Alors que nous entamons 2026, prenons une brève pause pour reprendre notre souffle et poser la question suivante : pourquoi tout va si vite ? Revenons d’abord sur quelques événements récents de cet automne.

De héros à zéro en six mois

Entre le moment où Pablo Rodriguez a été choisi pour diriger le Parti libéral du Québec (PLQ), le 14 juin dernier, et le premier signe de dérapage avec le congédiement de sa chef de cabinet, Geneviève Hinse, le 17 novembre, cinq mois se sont écoulés. C’était sa première crise comme chef de parti.
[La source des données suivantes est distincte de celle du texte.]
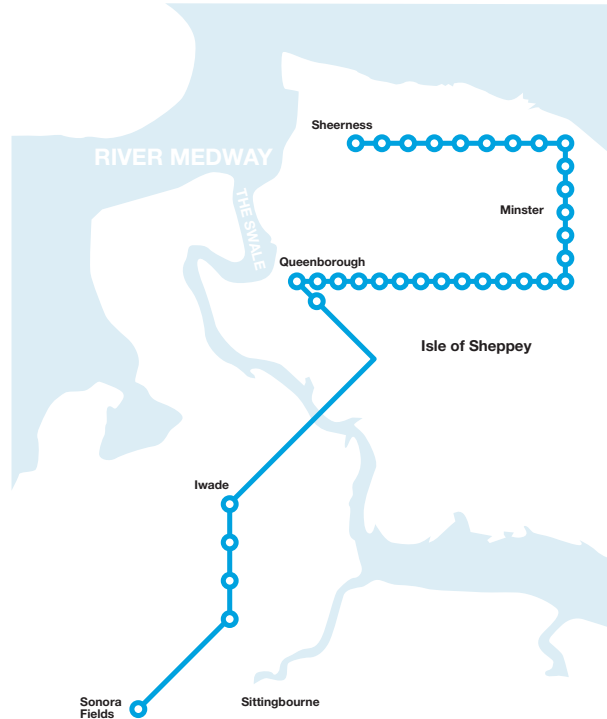

PM Timetable

725 CanaryFlyer: Park & Ride sites, Sonora, Iwade & Sheerness	39
723 Bean, Bridgewood, Bluebell Hill, Rainham Mark, Sonora, Iwade	38
ALL PM Departures: Medway, Swale & Maidstone services	40

Information

How to keep informed of your service	42
Customer satisfaction	43
Coach Tracker - Smartphone App	44
What you need to know	46
We make commuting easier	47

Medway route maps

Locate your stop
 Visit our website to view the exact location of your stop on Google Maps

Swale route maps

750 Iwade, Sheppey

751 Sittingbourne

Route maps

774 Maidstone

726 North Greenwich & 727 City Express

London stops

Locate your stop

For specific stop names please visit page 12 or your desired route page.

KEY

* Horseguards/Westminster Pier
AM only: Stop with least congested route will be chosen.

Pick-up and drop-off information

Common name	Stop name
Blackwall Tunnel - Swale only	AM - Blackwall Lane (SE10)/Stop U
Canary Wharf	AM - Canada Square South (E14)/Stop J PM - Canada Square South (E14)/Stop H
Commercial Rd	AM - London Metropolitan Uni/Stop U
Cannon St	AM - Cannon Street/Stop MA
Cotton Street	AM - Cotton Street (E14)/Stop CO
Fenchurch St	AM - Fenchurch Street/Stop T
Gracechurch Street	AM - Fenchurch Street (EC3)/Stop U
Horseferry Rd	PM - Millbank (SW1)/Stop NE
Parliament St - Swale only	AM - Parliament Square/Stop F PM - Parliament Square/Stop C
Puddledock	PM - Blackfriars, London EC4V
Surrey Quays Road	AM - Surrey Quays Road, Police Station/ Stop P PM - Surrey Quays Road/Stop T

De mystérieux (et, disons‑le, grammaticalement atroces) textos évoquant des « brownies » en échange de votes, jusqu’au garden party d’un ami malcommode qui ne voyait pas d’inconvénient à ce qu’on rembourse des dons politiques, un récit implacable de faits s’est imposé, comblé de spéculations publiques. Tels des automobilistes ralentissant devant un carambolage, nous avons collectivement observé la direction de Rodriguez se désagréger en direct, en attendant le moment inévitable où, acculé au mur, il crierait « Assez ! », déposerait les armes et accepterait de remettre sa démission.

Bien qu’on eût l’impression que tout ça a pris une éternité (et surtout au sein du PLQ), l’effondrement n’a pris que quatre semaines. Le système politico-médiatique n’a plus la patience d’attendre les résultats d’une enquête — le simple soupçon d’une enquête exige une action décisive, sous peine de ternir la réputation du parti.

Semblable, mais pas pareil

La commission Charbonneau a été lancée en octobre 2011, et ce n’est qu’un an plus tard, le 5 novembre 2012, que le maire de Montréal de l’époque, Gérald Tremblay, a annoncé sa démission, tout en continuant de nier avoir eu connaissance des stratagèmes de corruption au sein de son administration.

S’adressant aux Montréalais, Tremblay évoquait un avertissement de son père : « Quand j’étais jeune, mon père m’a dit de ne jamais faire de politique parce que c’était sale et que ça me détruirait. »

Pablo Rodriguez s’est lui aussi remémoré un avertissement similaire de son père dans une vidéo publiée sur son site de campagne à la direction : « Mon fils, le Canada est un pays d’opportunités, tu peux faire ce que tu veux. Mais s’il te plaît — pas de politique. »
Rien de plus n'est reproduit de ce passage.